Andrew Lloyd Webber, the English composer behind "Cats," called the 2019 movie version of one of the longest-running Broadway shows "ridiculous."
“The problem with the film was that Tom Hooper decided that he didn’t want anybody involved in it who was involved in the original show,” Lloyd Webber said of the movie's director in a recent interview with The Sunday Times. “The whole thing was ridiculous.”
Critics reviled "Cats" even before its official release last December; the movie's trailer alone was subject to jokes and was called "creepy and weird." Lloyd Webber, who adapted T.S. Eliot's poetry collection "Old Possum's Book of Practical Cats" into a musical in 1981, has previous criticized James Corden's performance in the movie, calling it "absolutely un-Eliot." Corden, who played the alley cat Bustopher Jones in "Cats," told BBC Radio 2 that he hadn't watched the film, but "heard it was terrible."
Corden wasn't the only one who never made it to theaters to see "Cats." The movie was a box office flop and lost Universal Pictures an estimated $113 million, according to Deadline — despite the fact that the company found success in producing other musicals, like "Mamma Mia!" and "Les Misérables" and that "Cats" had an all-star cast, including Taylor Swift, Judi Dench, Idris Elba, Jennifer Hudson, Rebel Wilson and Corden.
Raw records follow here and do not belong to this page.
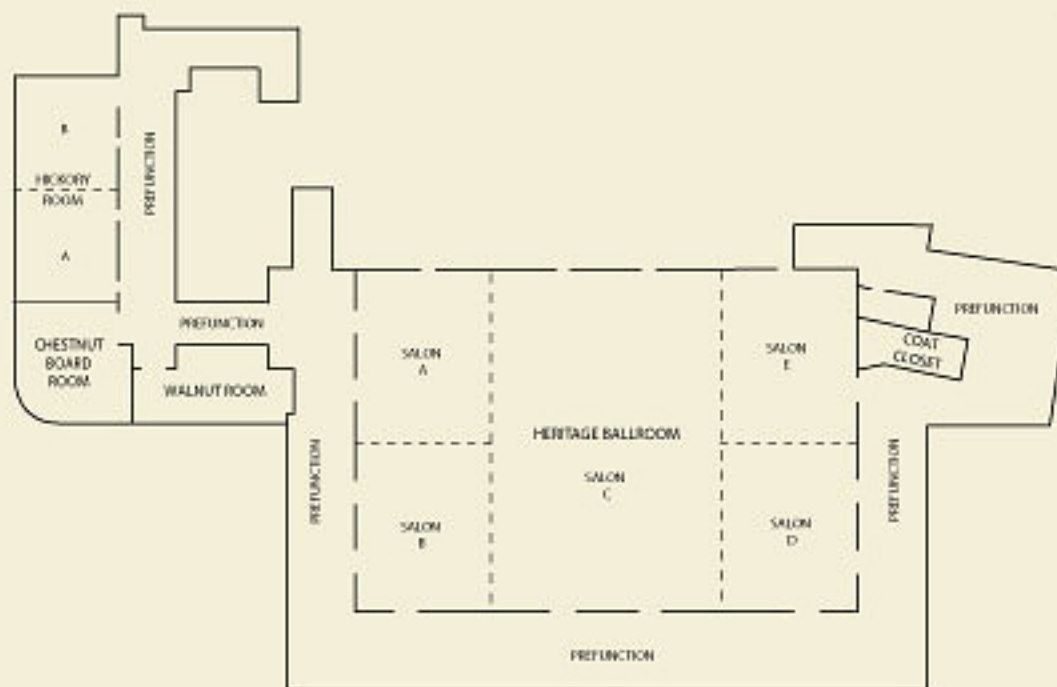

HERITAGE
BALLROOM

HICKORY ROOM

WALNUT ROOM

CHESTNUT
BOARD ROOM

25 South Queen Street • Lancaster, Pennsylvania 17603

Toll-free 866.503.3786 • Fax 717.207.4028 • www.lancasterconventioncenter.com

LANCASTER
COUNTY
CONVENTION
CENTER

Dimensions

Capacity

Room	Sq. Ft.	Banquet Rounds	Classroom	Reception	Theatre	U-Shape	Trade-show 8x10	Trade-show 10x10
LEVEL 3								
Heritage Ballroom	9,696	600	500	1,000	1,000	100	60	50
Heritage Ballroom A	1,298	80	60	100	90	30	-	-
Heritage Ballroom B	1,298	80	60	100	90	30	-	-
Heritage Ballroom C	4,504	250	225	300	400	60	28	21
Heritage Ballroom D	1,298	80	60	100	90	30	-	-
Heritage Ballroom E	1,298	80	60	100	90	30	-	-
Heritage Ballroom Prefunction	4,325	-	-	300	-	-	-	-
Hickory Room	1,290	60	60	75	90	40	-	-
Hickory Room A	635	30	30	40	40	16	-	-
Hickory Room B	655	30	30	40	40	16	-	-
Chestnut Boardroom	660	-	-	-	-	16	-	-
Walnut Room	542	30	12	30	30	12	-	-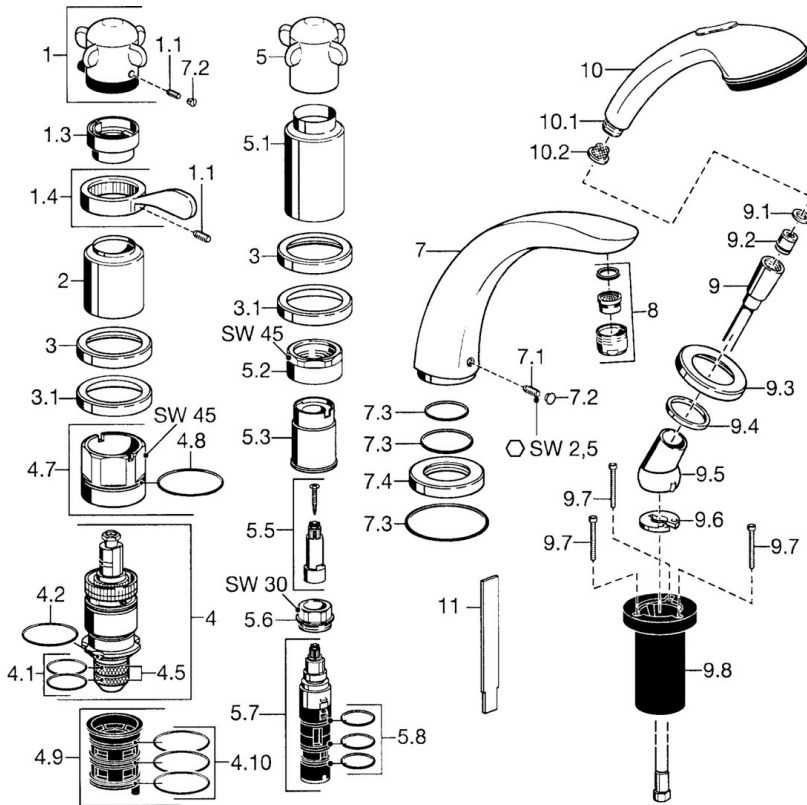

EAN: 4015474047952
static.hansa.com/53172031

- Bathtub & Shower
- Trim Kit, Two-grip
- Rim mounted
- Chrome
- Non-return valve(s)

Technical data

Technical properties

Hot water supply	max. +80°C
Working pressure	0.5-10 bar
Backflow prevention (EN1717)	EB

Spare parts

SP53172031

Name	Code
1.1 Screw, M6x6	59912330
1.3 Temperature adjustment limiter	59906355
1.4 Lever	59905722
2 Covering cap Discontinued	59912327
3 Cover flange Discontinued	59912256
3.1 Cover flange	59912259
4 Thermostatic cartridge, G1/2	59904501
4.1 O-ring, d 27x2	59901532
4.2 O-ring, 35x2.5	59905020
4.5 Strainer, 0.16 mm Discontinued	59905036
4.7 Eye screw, M52x1, SW 50	59911516
4.8 O-ring, 50.52x1.78	59906841
4.9 Adapter	59911514
4.10 O-ring, d 40x2	59911507
5.1 Spout, L=240	59912273
5.1 Covering cap Discontinued	59912310
5.2 Eye screw, M42x1, SW45 Discontinued	59912321
5.3 Retaining ring Discontinued	59912320
5.5 Spindle Discontinued	59912319
5.6 Eye screw, M32x1.5	59911898
5.7 Diverter	59912269
5.8 O-ring kit, d 24x2	59911835
7 Spout, L=240	59912273
7 Spout, L=185	59912270
7.1 Screw, M6x16, SW 2.5	59910120
7.2 Cover plug	59911840
7.3 Sealing kit	59912276
7.4 Cover flange	59912278
8 Aerator, M28x1 D	59907198
9 Shower hose, L=1750, G1/2-M12x1	59912281
9.1 Gasket ring, d 21x12x2	59912304
9.2 Non-return valve	59905714
9.3 Cover flange, M70x1	59912287
9.4 Bearing ring	59912286
9.5 Holder	59912282
9.6 Disk	59912337
9.7 Screw, M4x45	59912291
9.8 Passing-through bushing	59912290
10 Hand shower Discontinued	04320100
10 Hand shower Chrome/Gold Discontinued	599043390
10.1 Hose coupling, G1/2 Discontinued	59912237
10.2 Strainer	59906859
11 Tool Discontinued	59912277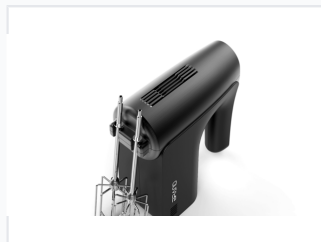

300W Hand Mixer with Beaters

This hand mixer features a 300W motor for efficient mixing. It includes stainless steel egg stirring and flour rod accessories, with five-speed control settings.

ADDITIONAL IMAGES

Product Overview

Professional Performance Hand Mixer

This 300W hand mixer is designed for efficient food preparation in both home and professional settings. Featuring a durable ABS plastic housing with stainless steel accents, it combines a sleek aesthetic with practical functionality. With five speed settings and versatile stainless steel attachments, it provides the control needed for various baking tasks, while the integrated heat emission design ensures a longer service life.

Design & Build

Housing Material

ABS plastic with stainless steel decoration

Durability Features

Heat emission hole, Extended service life

Accessories

Included Accessories

- Stainless steel egg stirring rod
- Stainless steel flour rod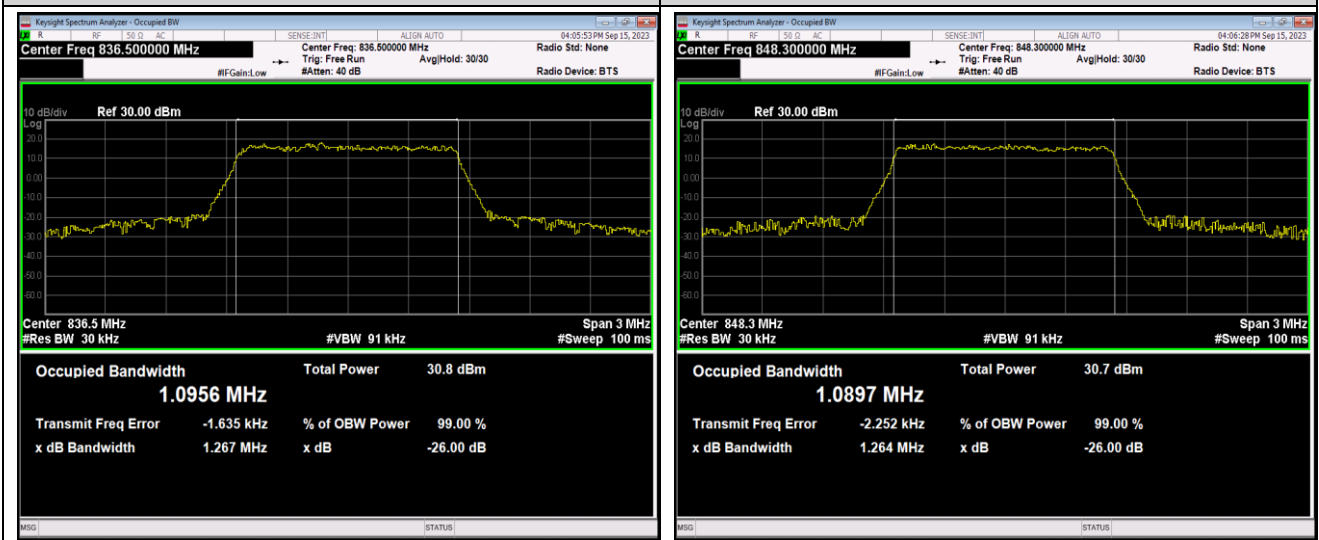

Band5-1.4MHz-16QAM-20525-6RB#0

Band5-1.4MHz-16QAM-20643-6RB#0

Band5-1.4MHz-64QAM-20407-6RB#0

Band5-1.4MHz-64QAM-20525-6RB#0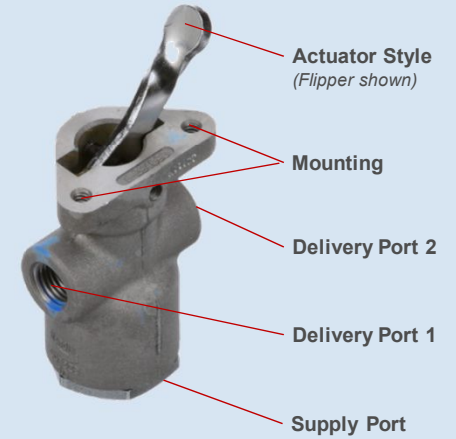

Bendix® TW-1™, TW-3™, TW-4™, TW-5™, TW-11™ Control Valves

TW-1™

Product Dimensions

TW-1 Ref. Pt. #229635N

TW-3™

Product Dimensions

TW-3 Ref. Pt. #228762N

TW-4™, TW-5™

Product Dimensions

TW-4 Ref. Pt. #276635N

TW-11™

Product Dimensions

TW-11 Ref. Pt. #065316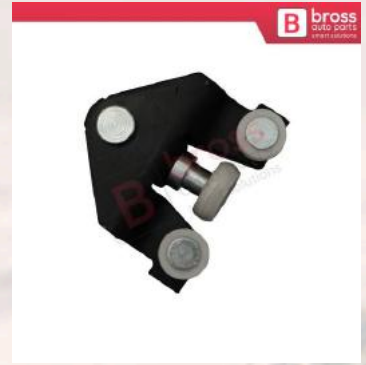

BDP681
Sliding Door Roller Guide
7700312012J 4409245
91165708 for Renault Opel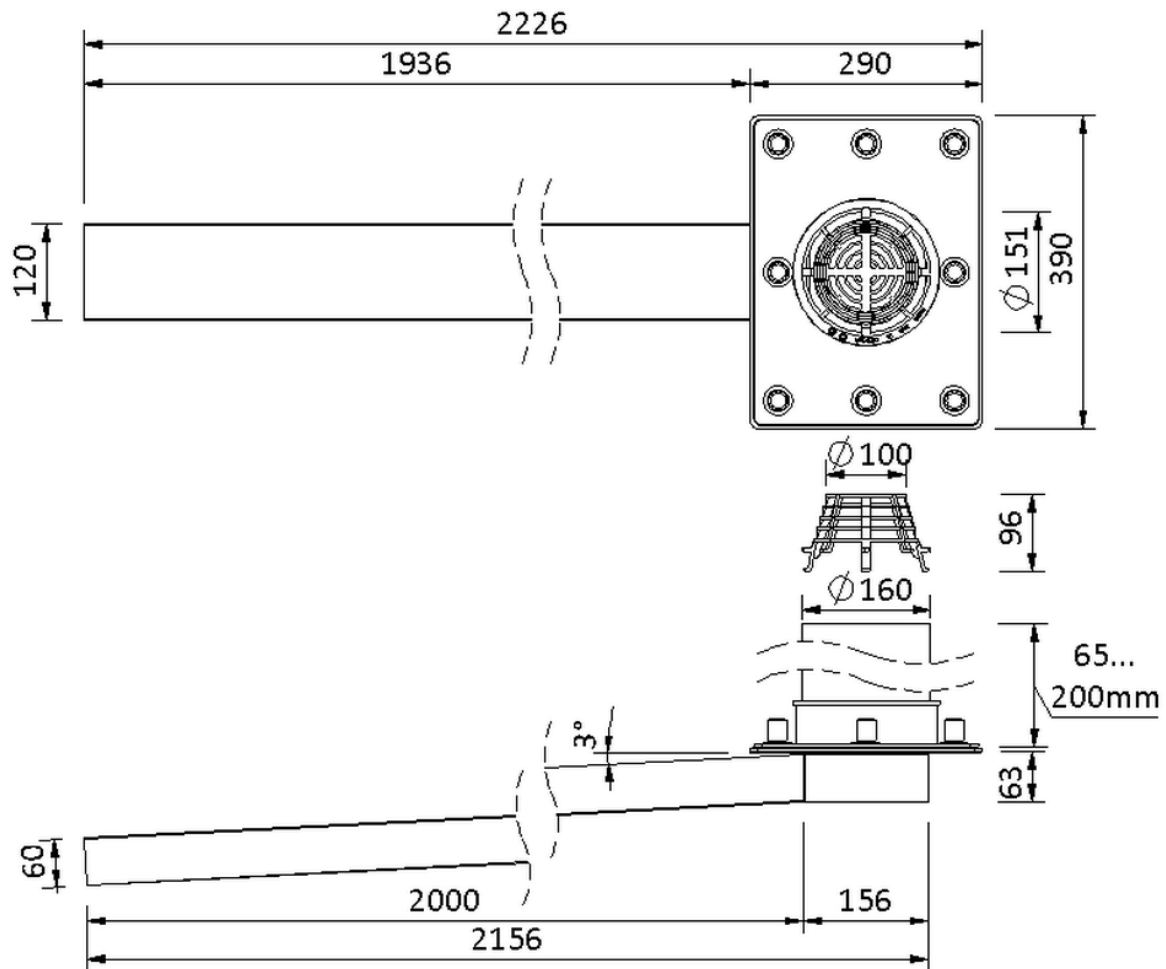

# Technical drawing

## Sita**Turbo** Max with retaining ring

SitaTurbo Max with retaining ring, pipe length 2000 mm  
200 mm

Article number  
18206599

Changes possible due to technical development, subject to mistakes and printing errors.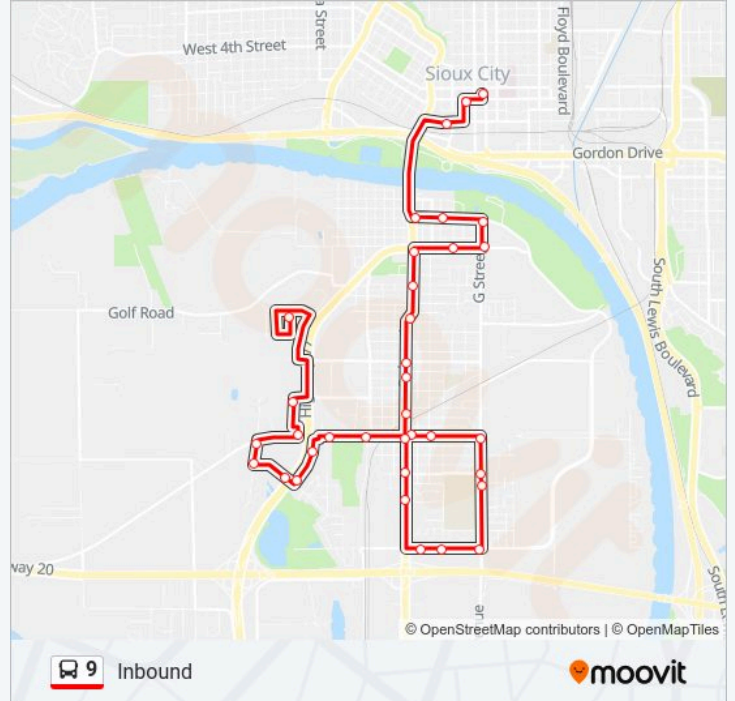

Direction: Inbound

35 stops

[VIEW LINE SCHEDULE](#)

Wal-Mart
Cornhusker Plaza Hy-Vee
Cornhusker Plaza & W 29th St
W 29th St & Daniels Ln
Daniels Ln & Futures Dr
Futures Dr & Hwy 77 Bypass
Plaza Dr And Family Health Care
Plaza Dr And Siouxland Federal Credit Union
W 29th St East Of Broadmoor
West 29th & 5th Ave
Dakota Ave & 29th St
Dakota Ave & 33rd St
Dakota Ave & Wedgewood Dr - Regency
E 39th Ave & Dakota Ave
E 39th St & C St
E 39th St & G St
G St & Sierra Dr
G St & East 33rd St
G St & East 29th St
East 29th & B St.
E 29th St & Dakota Ave

9 bus Info

Direction: Inbound

Stops: 35

Trip Duration: 29 min

Line Summary:

Dakota Ave & 27th St

Dakota Ave & 23rd St

Dakota Ave & 21st St

Dakota Ave & East 17th St. Family Dollar

Dakota Ave & East 13th St

Dakota Ave & East 9th St

East 9th & D St.

E 9th & G St

Riverview Drive & G St.

E 6th St & C St

6th St & Dakota Ave

3rd St at Hard Rock Casino Sioux City

5th St & Douglas St

Mlk Transportation Center

Direction: Outbound

23 stops

[VIEW LINE SCHEDULE](#)

Pierce St & 3rd St

3rd & Pearl St

Universal Pictures did not immediately return request for comment on the reported amount of its loss. Hopper also directed "Les Misérables," which placed first at the box office the weekend it opened in 2012.
Universal Pictures is a unit of NBCUniversal, the parent company of NBC News.
Lloyd Webber also discussed the changing landscape of theater during the pandemic, which is preventing live performances from taking place. His latest project, a "Cinderella" musical, was supposed to premiere in August at the Gillian Lynne Theatre in London, but has now been postponed to April 2021.
“The big issue now is, do I push the button? We moved it back to next year, but we still don’t know if we’re going to be able to open then," Lloyd Webber told The Sunday Times. "Do we start building sets? We’re having to say to the actors, ‘Look, we love you, but it’s a case of us all crossing our fingers here.’ We simply don’t know.”